TASK PROMPT |
Reproduce verbatim all of the data given below, but do not carry over the images.

START PROVIDED RECORDS

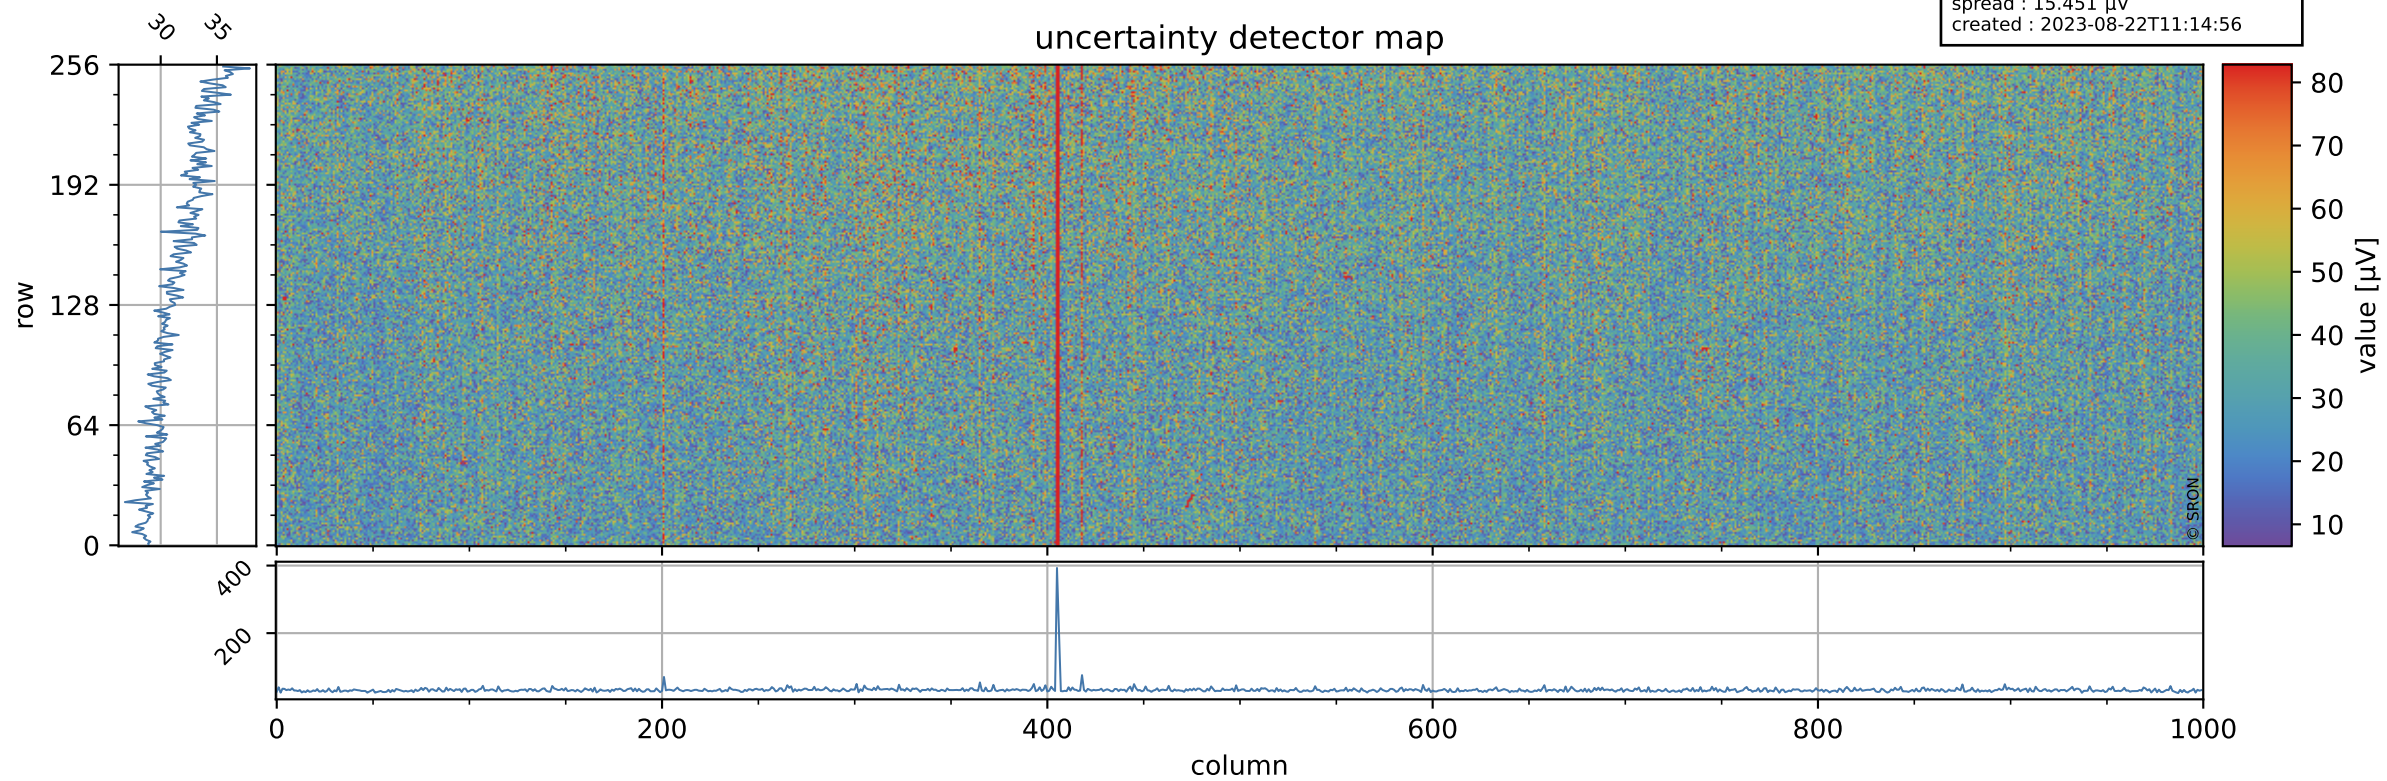

Tropomi SWIR offset (beta nominal)

orbits : 19 in [23617, 23662]
coverage : 2022-05-05 / 2022-05-08
median : 0.52598 V
spread : 0.035908 V
created : 2023-08-22T11:14:55

value detector map

Tropomi SWIR offset (beta nominal)

orbits : 19 in [23617, 23662]
coverage : 2022-05-05 / 2022-05-08
median : 31.602 μV
spread : 15.451 μV
created : 2023-08-22T11:14:56

Tropomi SWIR offset (beta nominal)

orbits : 19 in [23617, 23662]
coverage : 2022-05-05 / 2022-05-08
median : -0.026346 mV
spread : 0.40748 mV
created : 2023-08-22T11:14:56

value compared with SWIR offset CKD

Tropomi SWIR offset (beta nominal) ground-tracks of Sentinel-5P

orbits : 19 in [23617, 23662]
coverage : 2022-05-05 / 2022-05-08
created : 2023-08-22T11:14:56

Tropomi SWIR offset (beta nominal)

orbits : [1867, 23662]
coverage : 2018-02-20 / 2022-05-08
created : 2023-08-22T11:14:56

trend of detector median & temperatures
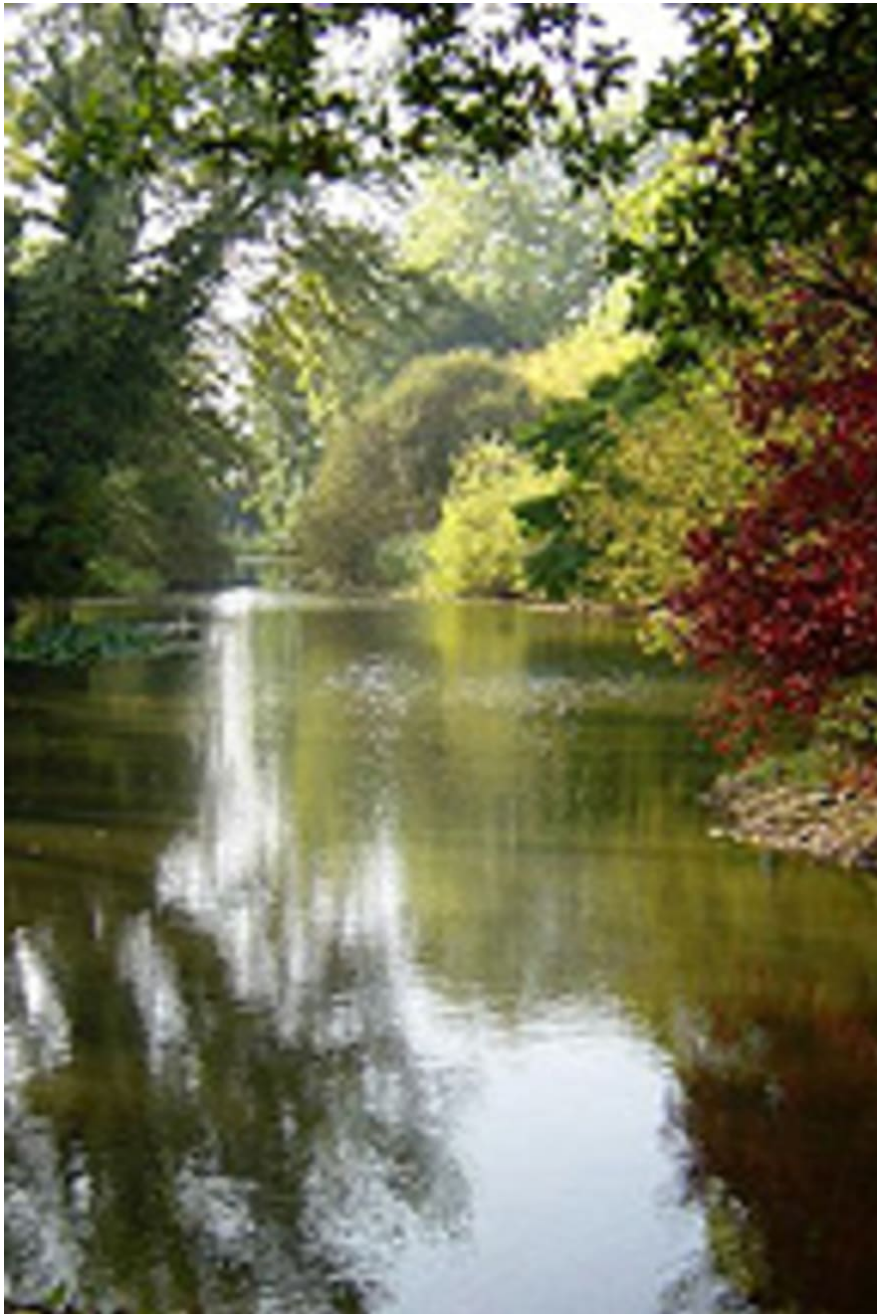

Caversfield House Oxfordshire

Beautiful stately home with stunning country gardens and surrounds. Ideal for Spring/Summer shoots in fields of flowers or by the lake. Driving time from central London : 1 hour and 25 minutes

CAROLHAYES
MANAGEMENT
CREATIVE ARTIST & STYLE MANAGEMENT

020 7482 1555

www.carolhayesmanagement.co.uk

END PROVIDED RECORDS

ANSWER TO THIS TASK |
Tropomi SWIR offset (beta nominal)

orbits : 19 in [23617, 23662]
coverage : 2022-05-05 / 2022-05-08
median : 0.52598 V
spread : 0.035908 V
created : 2023-08-22T11:14:55

value detector map

Tropomi SWIR offset (beta nominal)

orbits : 19 in [23617, 23662]
coverage : 2022-05-05 / 2022-05-08
median : 31.602 μV
spread : 15.451 μV
created : 2023-08-22T11:14:56

Tropomi SWIR offset (beta nominal)

orbits : 19 in [23617, 23662]
coverage : 2022-05-05 / 2022-05-08
median : -0.026346 mV
spread : 0.40748 mV
created : 2023-08-22T11:14:56

value compared with SWIR offset CKD

Tropomi SWIR offset (beta nominal) ground-tracks of Sentinel-5P

orbits : 19 in [23617, 23662]
coverage : 2022-05-05 / 2022-05-08
created : 2023-08-22T11:14:56

Tropomi SWIR offset (beta nominal)

orbits : [1867, 23662]
coverage : 2018-02-20 / 2022-05-08
created : 2023-08-22T11:14:56

trend of detector median & temperatures

Caversfield House Oxfordshire

Beautiful stately home with stunning country gardens and surrounds. Ideal for Spring/Summer shoots in fields of flowers or by the lake. Driving time from central London : 1 hour and 25 minutes

CAROLHAYES
MANAGEMENT
CREATIVE ARTIST & STYLE MANAGEMENT

020 7482 1555

www.carolhayesmanagement.co.uk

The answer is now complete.